● INPUT RECORDS:

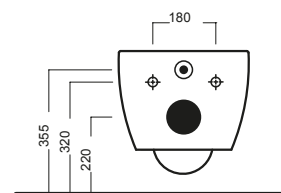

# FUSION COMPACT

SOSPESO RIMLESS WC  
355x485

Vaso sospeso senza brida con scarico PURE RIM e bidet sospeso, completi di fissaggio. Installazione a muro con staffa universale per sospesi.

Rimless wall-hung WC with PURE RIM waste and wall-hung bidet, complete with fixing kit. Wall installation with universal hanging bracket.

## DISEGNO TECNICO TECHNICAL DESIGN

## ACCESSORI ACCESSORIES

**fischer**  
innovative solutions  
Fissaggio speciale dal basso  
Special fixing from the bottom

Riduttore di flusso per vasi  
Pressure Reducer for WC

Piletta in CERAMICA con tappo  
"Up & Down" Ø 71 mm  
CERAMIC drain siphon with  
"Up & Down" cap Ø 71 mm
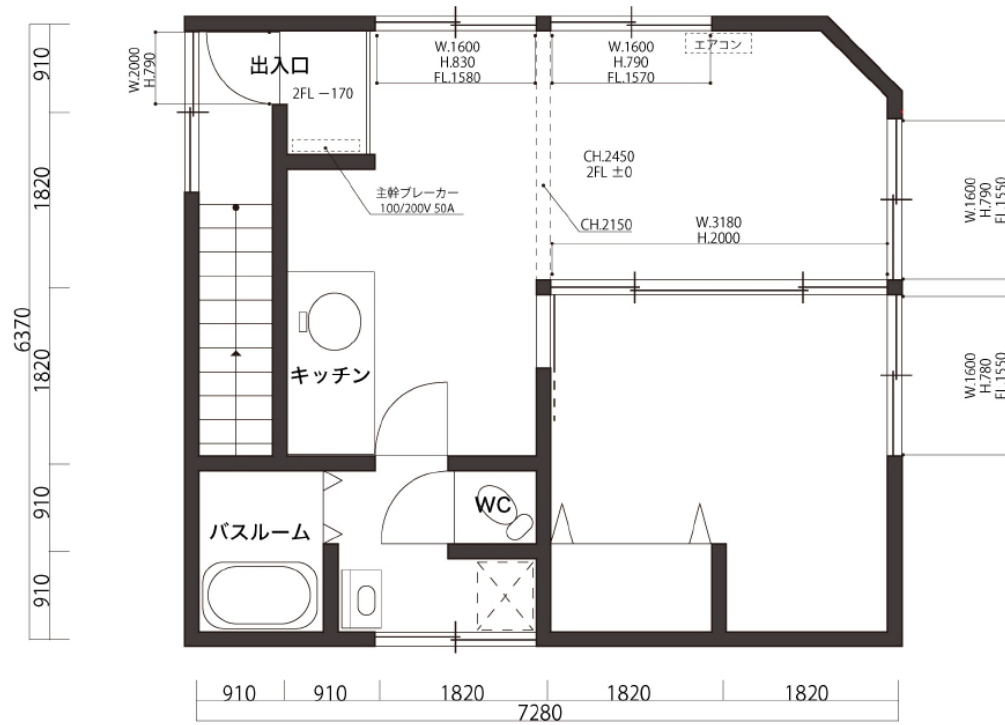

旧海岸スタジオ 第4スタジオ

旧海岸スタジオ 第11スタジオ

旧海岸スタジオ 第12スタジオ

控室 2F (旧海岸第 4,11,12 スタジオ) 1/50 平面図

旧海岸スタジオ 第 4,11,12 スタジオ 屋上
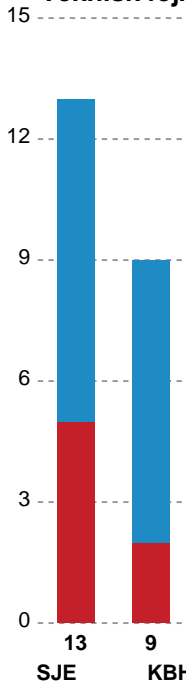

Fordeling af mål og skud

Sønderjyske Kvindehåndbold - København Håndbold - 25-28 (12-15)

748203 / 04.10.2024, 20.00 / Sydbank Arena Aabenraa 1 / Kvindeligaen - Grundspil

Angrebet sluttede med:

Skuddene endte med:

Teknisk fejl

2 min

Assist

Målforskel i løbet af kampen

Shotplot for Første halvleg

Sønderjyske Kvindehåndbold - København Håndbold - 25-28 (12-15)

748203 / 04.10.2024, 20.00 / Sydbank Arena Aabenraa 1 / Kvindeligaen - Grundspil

● DESCRIPTION OF THE TASK: Please ensure that the data above is repeated exactly, with no pictures in the copy.

● RESPONSE:
# FUSION COMPACT

SOSPESO RIMLESS WC  
355x485

Vaso sospeso senza brida con scarico PURE RIM e bidet sospeso, completi di fissaggio. Installazione a muro con staffa universale per sospesi.

Rimless wall-hung WC with PURE RIM waste and wall-hung bidet, complete with fixing kit. Wall installation with universal hanging bracket.

## DISEGNO TECNICO TECHNICAL DESIGN

## ACCESSORI ACCESSORIES

**fischer**  
innovative solutions  
Fissaggio speciale dal basso  
Special fixing from the bottom

Riduttore di flusso per vasi  
Pressure Reducer for WC

Piletta in CERAMICA con tappo  
"Up & Down" Ø 71 mm  
CERAMIC drain siphon with  
"Up & Down" cap Ø 71 mm

旧海岸スタジオ 第4スタジオ

旧海岸スタジオ 第11スタジオ

旧海岸スタジオ 第12スタジオ

控室 2F (旧海岸第 4,11,12 スタジオ) 1/50 平面図

旧海岸スタジオ 第 4,11,12 スタジオ 屋上

Fordeling af mål og skud

Sønderjyske Kvindehåndbold - København Håndbold - 25-28 (12-15)

748203 / 04.10.2024, 20.00 / Sydbank Arena Aabenraa 1 / Kvindeligaen - Grundspil

Angrebet sluttede med:

Skuddene endte med:

Teknisk fejl

2 min

Assist

Målforskel i løbet af kampen

Shotplot for Første halvleg

Sønderjyske Kvindehåndbold - København Håndbold - 25-28 (12-15)

748203 / 04.10.2024, 20.00 / Sydbank Arena Aabenraa 1 / Kvindeligaen - Grundspil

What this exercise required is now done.